Steve Wilson, DMA, chair of the Department of Music and CAE collaborator, said speakers have included a world-class pianist who also owns and operates a construction company and was able to share her experiences as a musician and as an entrepreneur. Other speakers have promoted related professional occupations such as film composer and recording engineer.  

“Many of our students would come in and think a career in music would be as a teacher or a performer with an institution like a symphony or an opera company,” Wilson said. “What they’re seeing this year is that there is a whole wide range of career opportunities for people. You just have to be entrepreneurial enough to go find it.”  

Emilio Montoya, a violinist and senior commercial music major, said the biggest lesson he learned was the importance of communication between the audience and the performer. The El Paso native said his attendance at CAE events and his time as sound assistant and stage manager at the Fox Fine Arts Center has shifted his interest from performer to producer. He plans to graduate in December 2018 and then return to pursue a master’s degree in music education.

“The center provides students with the tools that we don’t usually get on an everyday basis,” said Montoya, a 2013 graduate of Americas High School on El Paso’s far East Side. “They help shape our careers.”

As for the future, Bailey, Solis and Wilson want to involve more departments within the fine arts such as graphic arts, theatre and dance, and eventually others within the College of Liberal Arts such as English majors. They also have started work to create a minor in arts entrepreneurship. There also are initial discussions to involve educators from other UTEP schools and colleges with natural connections to music, such as nursing, education and business administration.

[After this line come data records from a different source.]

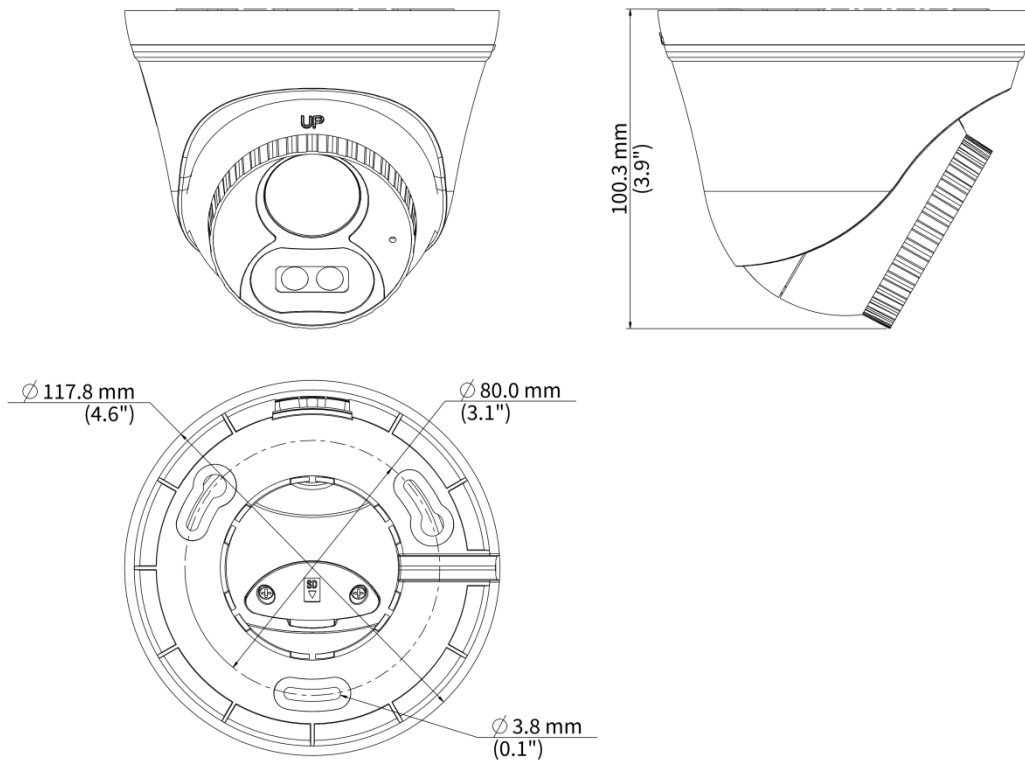

Certification	
EMC	CE-EMC (EN 55032, EN 61000-3-3, EN IEC 61000-3-2, EN 50130-4) FCC (FCC 47 CFR part15 B)
Safety	CE LVD (EN 62368 1) UL/CUL (UL 62368 1, CAN/CSA C22.2 No. 62368 1)
Environment	CE-RoHS (2011/65/EU;(EU)2015/863); WEEE (2012/19/EU);
Protection	IP67 (IEC 60529)
General	
Power	DC 12 V±25%, PoE (IEEE 802.3af)
Power Consumption	Max. 4.0 W
Power Interface	Ø5.5 mm coaxial power plug
Dimensions	Ø117.8 mm × 100.3 mm (Ø4.6" × 3.9") (Ø × H)
Weight	0.26 kg (0.57 lb.)
Material	Graphene + Plastic
Storage Environment	-30 °C to 60 °C (-22 °F to 140 °F), Humidity: ≤ 95% RH (non-condensing)
Working Environment	-30 °C to 60 °C (-22 °F to 140 °F), Humidity: ≤ 95% RH (non-condensing)
Surge Protection	4 KV
Reset Button	Support
Web Client Language	4 Languages: English, Russian, Spanish, Vietnamese

Dimensions
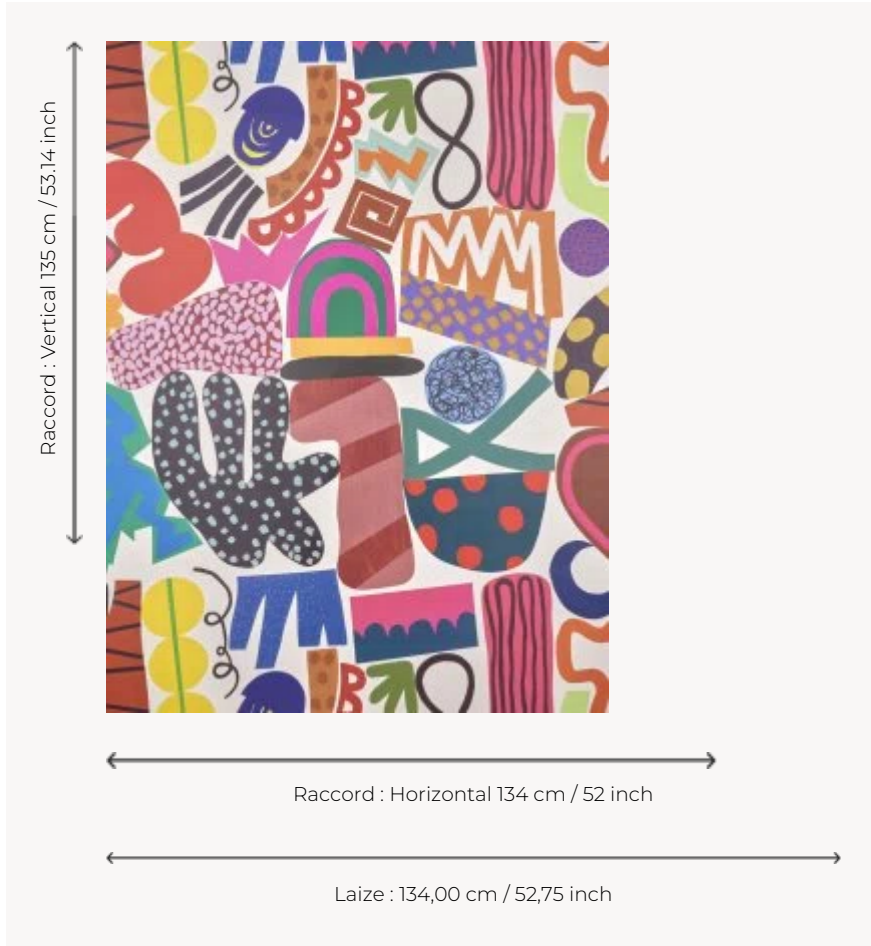

FP999001 EMILY

FP999001 - Multicolore

Pierre Frey

TYPE	Wide width printed wallpapers
ARTIST	Emily Jackson
SALES UNIT	Available per meter/yard
BACKING	NON WOVEN
COMPOSITION	-
WIDTH	134 cm / 52,75 inch
REPEAT	H: 134 cm - 52,00 inch V: 135 cm - 53,14 inch Half drop repeat
WEIGHT	185 gr / m ²
CARE	
TRIMMING	Pretrimmed
HANGING/REMOVING	Paste the wall Strippable
CERTIFICATIONS	EUROCLASS B-s1,d0 ASTM E84 Class A
INFORMATION	Use the trim & join marks during installation. Double-cut installation.
BOOK	F9979PPFREY45

1 Colors

FP999001
Multicolore
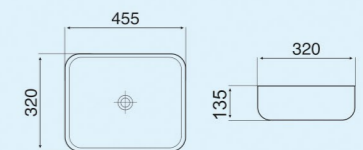

Size : 455x320x135mm
Above counter mounter
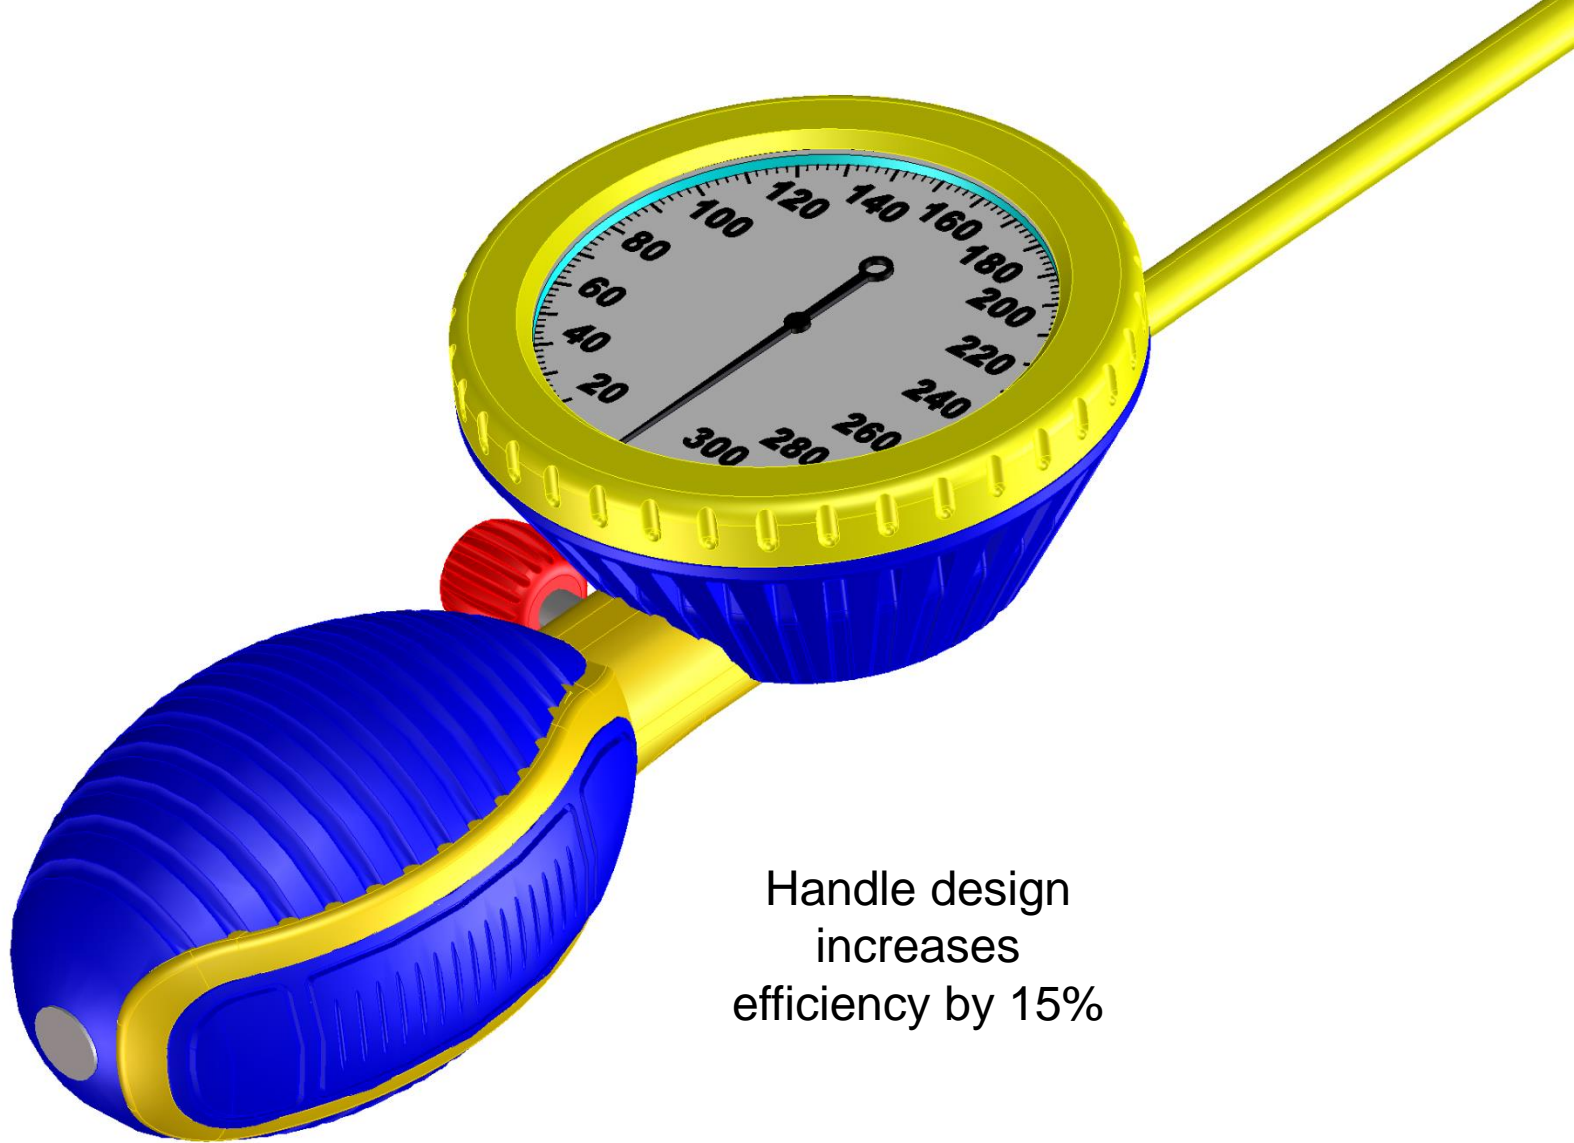

Confidential property of PTG Global
Confidential Property of PTG Global

PTGglobal
Giving Shape to Your Ideas

Bulb has 30% more capacity than standard bulb but only 15% larger in size

Handle design
increases
efficiency by 15%

Confidential property of PTG Global
Confidential Property of PTG Global

PTGglobal
Giving Shape to Your Ideas

Pressure transducer
on PCB senses the
pressure buildup

Once pressure reaches 20
PSI then the dial is
illuminated with the lighting

Bailey, an internationally known Grammy Award-winning cellist, said the CAE has a bright future because of its relationships with UTEP faculty and artists around the world. He foresees the CAE as the University’s “ultimate recruitment tool” for the arts.

“Collaboration is the key to success, and working alongside members of faculty and the amazing students shows how the center can truly be a successful tool in building a new generation of artists working to build careers in the 21st century," Bailey said.